■ The problem ■
Among the entries below, count the lines that contain the word "Eurotherm". Respond with the count only.

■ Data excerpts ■

◆ ◆ ◆ ◆ ◆ ◆ ◆

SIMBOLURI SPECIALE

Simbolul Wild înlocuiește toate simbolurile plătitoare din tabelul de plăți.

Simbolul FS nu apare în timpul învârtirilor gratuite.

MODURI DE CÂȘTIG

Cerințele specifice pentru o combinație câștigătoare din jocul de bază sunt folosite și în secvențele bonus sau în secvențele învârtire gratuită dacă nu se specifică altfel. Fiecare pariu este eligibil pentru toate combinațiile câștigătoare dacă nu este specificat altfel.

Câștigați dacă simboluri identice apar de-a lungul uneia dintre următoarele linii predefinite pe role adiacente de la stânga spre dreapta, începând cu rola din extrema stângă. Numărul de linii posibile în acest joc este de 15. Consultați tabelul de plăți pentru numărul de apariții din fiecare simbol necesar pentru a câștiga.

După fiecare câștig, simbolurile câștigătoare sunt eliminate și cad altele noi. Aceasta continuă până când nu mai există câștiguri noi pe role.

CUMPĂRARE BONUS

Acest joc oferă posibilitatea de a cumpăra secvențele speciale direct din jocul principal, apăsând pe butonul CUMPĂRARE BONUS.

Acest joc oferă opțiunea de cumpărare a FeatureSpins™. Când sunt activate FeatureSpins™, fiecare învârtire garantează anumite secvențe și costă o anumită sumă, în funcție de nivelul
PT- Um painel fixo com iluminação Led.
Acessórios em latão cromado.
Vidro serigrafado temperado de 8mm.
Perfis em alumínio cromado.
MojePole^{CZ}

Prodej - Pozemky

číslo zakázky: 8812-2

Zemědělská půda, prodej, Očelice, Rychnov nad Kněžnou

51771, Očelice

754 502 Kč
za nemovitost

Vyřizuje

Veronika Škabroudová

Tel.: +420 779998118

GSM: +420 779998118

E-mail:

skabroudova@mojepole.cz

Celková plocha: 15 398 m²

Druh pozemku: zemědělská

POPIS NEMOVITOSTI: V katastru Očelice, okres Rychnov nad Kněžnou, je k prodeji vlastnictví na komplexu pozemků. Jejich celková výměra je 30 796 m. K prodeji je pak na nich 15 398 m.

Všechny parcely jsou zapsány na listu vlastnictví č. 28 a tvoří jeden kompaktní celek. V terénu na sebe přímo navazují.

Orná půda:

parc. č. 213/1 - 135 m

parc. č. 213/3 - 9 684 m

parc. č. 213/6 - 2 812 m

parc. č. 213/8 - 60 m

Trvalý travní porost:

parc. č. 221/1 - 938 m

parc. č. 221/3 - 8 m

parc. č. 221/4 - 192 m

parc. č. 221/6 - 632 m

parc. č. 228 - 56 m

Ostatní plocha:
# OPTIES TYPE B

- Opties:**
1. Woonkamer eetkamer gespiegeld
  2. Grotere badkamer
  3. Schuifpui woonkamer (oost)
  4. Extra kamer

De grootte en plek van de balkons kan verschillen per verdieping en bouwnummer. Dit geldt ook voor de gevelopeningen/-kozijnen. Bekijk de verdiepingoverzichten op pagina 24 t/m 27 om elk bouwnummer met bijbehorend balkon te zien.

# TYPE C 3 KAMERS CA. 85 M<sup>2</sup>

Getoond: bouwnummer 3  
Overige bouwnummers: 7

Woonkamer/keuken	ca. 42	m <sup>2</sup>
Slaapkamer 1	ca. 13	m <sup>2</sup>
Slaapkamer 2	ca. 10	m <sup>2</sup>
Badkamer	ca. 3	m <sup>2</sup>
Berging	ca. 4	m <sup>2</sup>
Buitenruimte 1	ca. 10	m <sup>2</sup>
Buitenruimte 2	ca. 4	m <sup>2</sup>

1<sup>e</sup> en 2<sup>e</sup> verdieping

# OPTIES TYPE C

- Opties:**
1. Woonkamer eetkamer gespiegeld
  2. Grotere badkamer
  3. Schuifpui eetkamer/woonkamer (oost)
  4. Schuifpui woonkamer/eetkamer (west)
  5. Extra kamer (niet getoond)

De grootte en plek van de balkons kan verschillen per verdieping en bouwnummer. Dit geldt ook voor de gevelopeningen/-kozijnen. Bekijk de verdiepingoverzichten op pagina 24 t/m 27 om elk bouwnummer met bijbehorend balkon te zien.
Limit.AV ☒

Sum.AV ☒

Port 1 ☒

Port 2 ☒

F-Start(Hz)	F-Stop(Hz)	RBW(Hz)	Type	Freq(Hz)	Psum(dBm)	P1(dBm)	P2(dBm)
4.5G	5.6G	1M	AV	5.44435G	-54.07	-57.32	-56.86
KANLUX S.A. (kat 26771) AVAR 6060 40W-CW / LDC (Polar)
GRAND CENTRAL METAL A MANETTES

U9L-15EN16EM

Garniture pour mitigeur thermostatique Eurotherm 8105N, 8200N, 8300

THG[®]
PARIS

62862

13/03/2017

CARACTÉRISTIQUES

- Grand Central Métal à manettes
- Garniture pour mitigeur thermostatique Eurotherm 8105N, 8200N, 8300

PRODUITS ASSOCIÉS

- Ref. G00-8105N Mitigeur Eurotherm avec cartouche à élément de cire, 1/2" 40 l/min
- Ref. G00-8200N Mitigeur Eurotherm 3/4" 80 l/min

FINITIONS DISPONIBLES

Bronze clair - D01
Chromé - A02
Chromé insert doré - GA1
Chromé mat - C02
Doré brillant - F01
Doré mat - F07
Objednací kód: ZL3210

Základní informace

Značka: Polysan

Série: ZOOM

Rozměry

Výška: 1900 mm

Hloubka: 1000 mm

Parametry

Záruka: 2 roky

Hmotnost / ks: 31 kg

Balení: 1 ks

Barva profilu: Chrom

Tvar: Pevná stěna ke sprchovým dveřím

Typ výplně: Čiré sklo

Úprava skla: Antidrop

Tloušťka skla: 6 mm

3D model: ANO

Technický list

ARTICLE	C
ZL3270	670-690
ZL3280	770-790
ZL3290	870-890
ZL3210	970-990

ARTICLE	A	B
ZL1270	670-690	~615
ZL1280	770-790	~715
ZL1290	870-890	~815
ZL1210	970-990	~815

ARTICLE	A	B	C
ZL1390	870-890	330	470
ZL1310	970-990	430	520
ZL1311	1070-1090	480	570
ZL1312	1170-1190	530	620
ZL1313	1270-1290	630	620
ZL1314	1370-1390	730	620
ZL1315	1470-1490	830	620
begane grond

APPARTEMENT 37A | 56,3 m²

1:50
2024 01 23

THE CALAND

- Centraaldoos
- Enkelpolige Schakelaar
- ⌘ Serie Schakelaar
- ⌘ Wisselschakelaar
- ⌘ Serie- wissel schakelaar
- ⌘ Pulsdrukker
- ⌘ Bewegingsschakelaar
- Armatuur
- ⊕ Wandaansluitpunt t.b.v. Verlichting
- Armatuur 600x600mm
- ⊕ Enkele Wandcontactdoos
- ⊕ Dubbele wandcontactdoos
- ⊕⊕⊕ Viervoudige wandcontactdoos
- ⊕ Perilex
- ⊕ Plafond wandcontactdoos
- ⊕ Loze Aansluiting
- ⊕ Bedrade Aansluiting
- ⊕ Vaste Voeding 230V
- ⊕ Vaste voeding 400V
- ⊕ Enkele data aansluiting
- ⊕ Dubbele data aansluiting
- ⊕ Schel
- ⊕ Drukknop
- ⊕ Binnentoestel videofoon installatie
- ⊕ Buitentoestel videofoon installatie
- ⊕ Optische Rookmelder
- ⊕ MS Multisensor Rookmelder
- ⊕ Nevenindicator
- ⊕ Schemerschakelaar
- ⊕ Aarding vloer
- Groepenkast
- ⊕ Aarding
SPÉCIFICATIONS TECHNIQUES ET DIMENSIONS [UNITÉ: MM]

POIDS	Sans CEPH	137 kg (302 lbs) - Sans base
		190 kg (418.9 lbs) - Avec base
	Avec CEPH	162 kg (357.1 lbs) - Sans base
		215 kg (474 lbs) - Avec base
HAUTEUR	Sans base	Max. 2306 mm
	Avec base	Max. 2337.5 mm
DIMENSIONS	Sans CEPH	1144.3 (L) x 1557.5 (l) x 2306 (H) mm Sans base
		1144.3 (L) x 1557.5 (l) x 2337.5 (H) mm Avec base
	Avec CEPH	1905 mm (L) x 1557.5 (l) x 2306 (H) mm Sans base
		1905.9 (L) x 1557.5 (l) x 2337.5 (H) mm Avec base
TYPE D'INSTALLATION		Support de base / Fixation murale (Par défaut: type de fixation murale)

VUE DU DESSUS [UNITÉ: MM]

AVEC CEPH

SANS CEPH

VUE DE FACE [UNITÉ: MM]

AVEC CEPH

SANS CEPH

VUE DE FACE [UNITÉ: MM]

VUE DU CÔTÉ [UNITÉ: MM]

◆ ◆ ◆ ◆ ◆ ◆ ◆

■ Exercise output ■
4